--- Dataset excerpt Enclosed Below ---

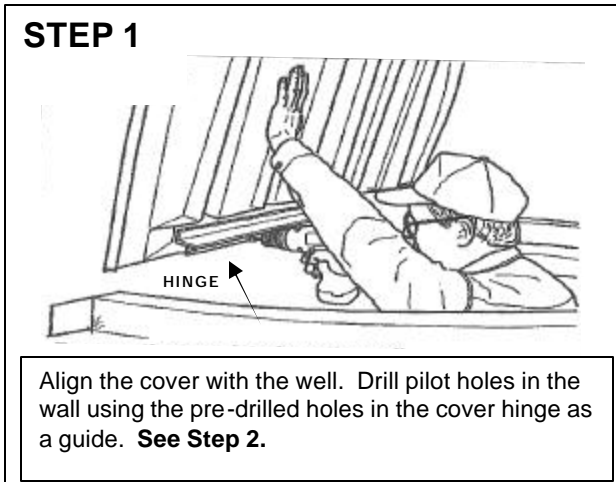

LIFELINE EGRESS WINDOW WELL COVER INSTALLATION INSTRUCTIONS

Can be installed with any Mar-flex Waterproofing and Basement Products Egress Window Wells.
If you have any questions, please contact Mar-flex at 1-800-498-1411.

--- End of Enclosed Dataset excerpt ---

Repeat word for word from the line holding "Can be installed" down to the last line above, including both.

Can be installed with any Mar-flex Waterproofing and Basement Products Egress Window Wells.
If you have any questions, please contact Mar-flex at 1-800-498-1411.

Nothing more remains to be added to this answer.